The conference was held November 29 and 30 in Washington, DC. It was sponsored by the Partnership For A Healthier America and I spoke in the Healthy Schools strand on behalf of the Alliance For A Healthier Generation.
I am John Skretta, Norris superintendent. To give you some idea of our context so you know where I'm coming from, we are a district of over 2,000 students in southeast Nebraska just south of our capitol city, Lincoln. We are a consolidated district that draws from numerous surrounding small towns, and we are growing in student enrollment every year. We are a combination rural and suburban district.
Our demographics are that we have 15% free and reduced lunch participation and we have 10% special education. Like a lot of schools, we have seen an increase in those numbers in recent years.
To our district, in the context of our discussion today, one of the most important thing for schools to do is realize that students' health and also the wellbeing of staff members are in fact logical precursors to high academic achievement. These things are not separate from a quality educational experience that assures excellent academic outcomes. They are in fact central tenets of a positive learning experience.
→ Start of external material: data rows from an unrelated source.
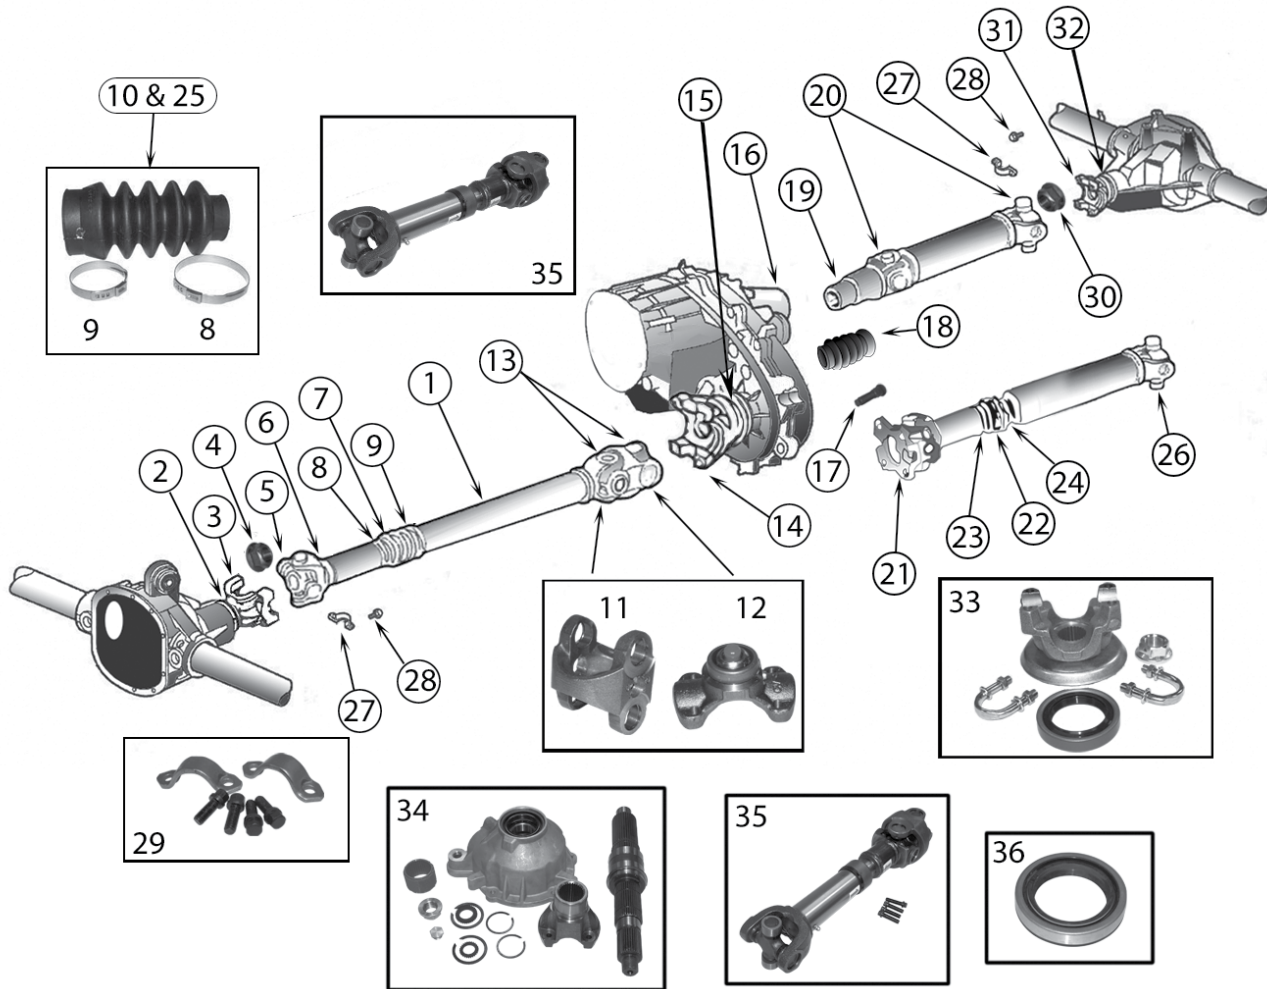

Item #	Description	Location	Years	Comments	Replaces Part #
1	Drive Shaft	Front	97/02	w/ 2.5L Engine; 37.95" Collapsed	52098378
		Front	97/02	w/ 4.0L Engine; w/ Manual Transmission; 39.49" Collapsed	52098377
		Front	97/02	w/ 4.0L Engine; w/ Auto. Transmission; 37.95" Collapsed	52098378
		Front	03/06	w/ 4.0L Engine; w/o Rubicon Package; 39.49" Collapsed	52098377
2	Seal, Pinion	Front	97/01	w/ Dana 30 (Non-Flanged)	83503390
		Front	01/06	w/ Dana 30 (Flanged)	5072473AA
		Front	03/06	w/ Dana 44	5066446AA
3	Yoke, Pinion	Front	97/06	w/ Dana 30 (No Slinger)	83503388
		Front	03/06	w/ Dana 44	4797689
4	Nut, Pinion	Front	97/00	Until 10/1/2000	J0801367
		Front	00/06	After 10/1/2000	5017755AA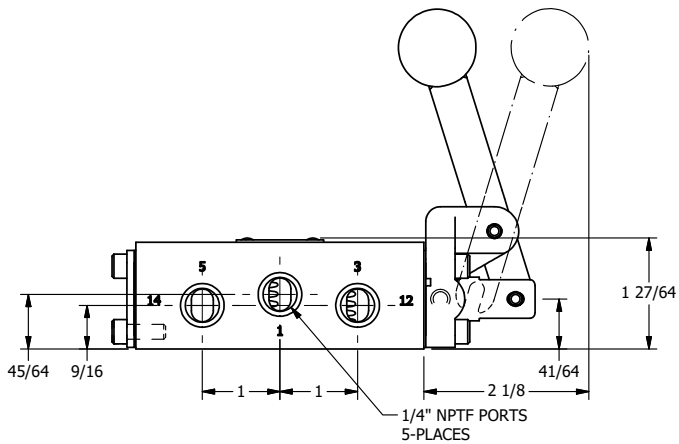

4

3

2

1

AAA
PRODUCTS
INTERNATIONAL

**AAA PRODUCTS
INTERNATIONAL**
7114 Harry Hines Blvd
Dallas, TX 75235

TITLE: 1/4" SIDE PORT, LEVER, 2 POS,
DETENT, LEVER RTRN,
BNT LVR LFT, RED KNOB

DRAWING NO.:
DIM_HD2BLJQ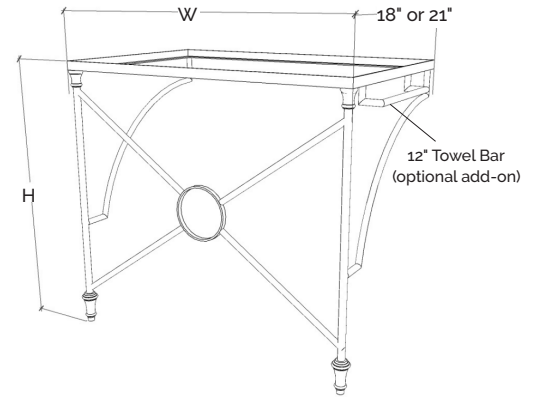

CROSS VANITY BASE

Metal Finish Options: White, Gunmetal Black, Gold, Nickel, Raw Steel, Cobalt, Urbane Bronze, Aegean Teal

Adjustable Feet: Adjusts 1/4" shorter and 3/4" longer than stated size.

Optional Towel Bar add-on. See website for pricing.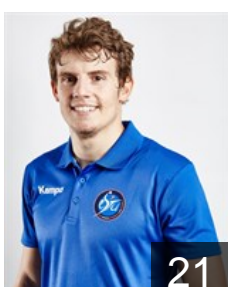

 FRA

Boudjellal Sofiane

Position: Right Back
Place of birth: ROUBAIX
Date of birth: 26.04.1988
Height: 198 cm
Weight: 102 kg

 FRA

De Cocker Bastien

Position: Line Player
Place of birth: Decines Charpieu
Date of birth: 15.04.1995
Height: 192 cm
Weight: 97 kg

 BEL

Debouvries Jonas

Position: Left Back
Place of birth: TOURNAI
Date of birth: 21.05.1998
Height: 203 cm
Weight: 95 kg

 BEL

Esnault Teho

Position: Left Wing
Place of birth: TOURNAI
Date of birth: 13.04.1999
Height: 190 cm
Weight: 87 kg

 BEL

Huart Arthur

Position: Left Wing
Place of birth: TOURNAI
Date of birth: 18.08.1999
Height: 179 cm
Weight: 80 kg

 FRA

Lachal Brice

Position: Right Wing
Place of birth: DUNKERQUE
Date of birth: 22.03.1994
Height: 177 cm
Weight: 77 kg

At Norris , we believe sound nutrition, quality health education, routine opportunities for physical activity, and embracing the importance of physical education are all a part of how we do business, they are part of the fabric of our being. We believe affirming that only fosters better success in the rigorous core areas of math, science and English.
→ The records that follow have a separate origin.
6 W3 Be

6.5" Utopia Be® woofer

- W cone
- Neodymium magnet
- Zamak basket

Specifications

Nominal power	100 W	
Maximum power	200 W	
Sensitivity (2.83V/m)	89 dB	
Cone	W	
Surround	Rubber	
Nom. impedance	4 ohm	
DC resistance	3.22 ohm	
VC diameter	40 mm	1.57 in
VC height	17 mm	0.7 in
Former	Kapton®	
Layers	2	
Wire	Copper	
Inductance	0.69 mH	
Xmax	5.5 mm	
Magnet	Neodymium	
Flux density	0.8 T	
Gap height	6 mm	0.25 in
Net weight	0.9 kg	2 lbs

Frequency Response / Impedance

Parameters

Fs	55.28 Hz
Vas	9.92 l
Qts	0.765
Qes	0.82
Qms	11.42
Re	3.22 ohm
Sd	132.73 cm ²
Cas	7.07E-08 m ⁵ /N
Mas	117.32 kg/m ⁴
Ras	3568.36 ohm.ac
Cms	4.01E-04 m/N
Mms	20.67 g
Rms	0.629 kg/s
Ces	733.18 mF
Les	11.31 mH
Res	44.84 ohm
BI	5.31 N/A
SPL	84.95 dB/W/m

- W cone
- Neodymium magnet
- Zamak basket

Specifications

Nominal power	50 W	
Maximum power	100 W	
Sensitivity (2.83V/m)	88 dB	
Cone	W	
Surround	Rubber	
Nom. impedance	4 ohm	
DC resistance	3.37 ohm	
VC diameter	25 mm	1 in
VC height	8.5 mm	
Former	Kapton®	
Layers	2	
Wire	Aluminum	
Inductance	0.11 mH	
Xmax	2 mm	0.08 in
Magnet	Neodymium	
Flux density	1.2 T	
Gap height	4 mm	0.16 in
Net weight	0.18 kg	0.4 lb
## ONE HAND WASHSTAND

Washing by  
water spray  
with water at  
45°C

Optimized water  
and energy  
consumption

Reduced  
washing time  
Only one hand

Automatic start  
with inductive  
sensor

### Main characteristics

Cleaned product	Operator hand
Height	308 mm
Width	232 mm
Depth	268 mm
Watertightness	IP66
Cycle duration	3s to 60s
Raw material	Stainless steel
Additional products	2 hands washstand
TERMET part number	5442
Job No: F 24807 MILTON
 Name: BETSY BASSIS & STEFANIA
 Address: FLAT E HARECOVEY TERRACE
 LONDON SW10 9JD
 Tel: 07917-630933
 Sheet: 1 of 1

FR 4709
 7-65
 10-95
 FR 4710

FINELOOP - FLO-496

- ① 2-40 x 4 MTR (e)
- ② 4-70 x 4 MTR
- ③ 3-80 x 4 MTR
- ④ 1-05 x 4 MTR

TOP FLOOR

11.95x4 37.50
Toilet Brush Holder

We didn't achieve that level of integration and cohesiveness unilaterally, we have only been able to do that because of commitments from partners internal and external, like Shannon Vogler, our Alliance Relationship Manager in Nebraska. You don't achieve anything systemically as a unilateral effort or a top-down dictate. This isn't about compliance or policy dictates, it's about reaching critical mass consensus within a school community to propel positive change forward.
So when we got tired of playing cat and mouse with repeated go-rounds from snack vendors on stocking too many products of minimal nutritional value AKA junk food, we had a parent help guide us in finding great values to purchase our own vending machines. And we use the Alliance Product Calculator to help make some of those product selections that comprise our inventory.
When we needed help to acquire milk machines so that we could offer students healthier beverage alternatives, our friends in the farming community and with Prairieland Dairy stepped up and we sell a machine full of skim and 1% daily as a great student consumption option for kids.
When we needed help with health alignment k-8, we were able to bring out the Alliance's Kathy Wilbur all the way from Maine to help us with the HECAT and now we have a well-articulated health sequences in no small measure because of her content expertise.
When we needed to reseed our cross-country course or get rock on the trail for our Elementary walking path, a Board member who works in construction stepped up to make it possible.
It started all the way at the beginning in the 05-06 school year when the state legislature (in response to federal requirements) dictated that schools adopt policies for student health by the summer of 06. When we adopted our student health policy, we had leadership from within with a school board member whose training and background is as an RN, and we hired a nutritionist from our district and had student and parent volunteers providing sound recommendations. So it had a chance right away to be a dynamic document, not a dead-on-arrival dust-gatherer like so many policies that exist in name and number only.
When we wanted to integrate our School Wellness Council with school improvement, we knew we weren't alone and wouldn't be declared to be inhabiting the lunatic fringe, because we have had partners in the Kearney and Lincoln districts who were already finding correlations between BMI and fitness test results with scores and grades. And we had the courage to push forward because our state Board of Education and our state department of Ed have adopted a state level Coordinated School Health policy. So now we are examining risk and protective factor data along with Fitnessgram results when we are talking about state test results and other achievement indicators.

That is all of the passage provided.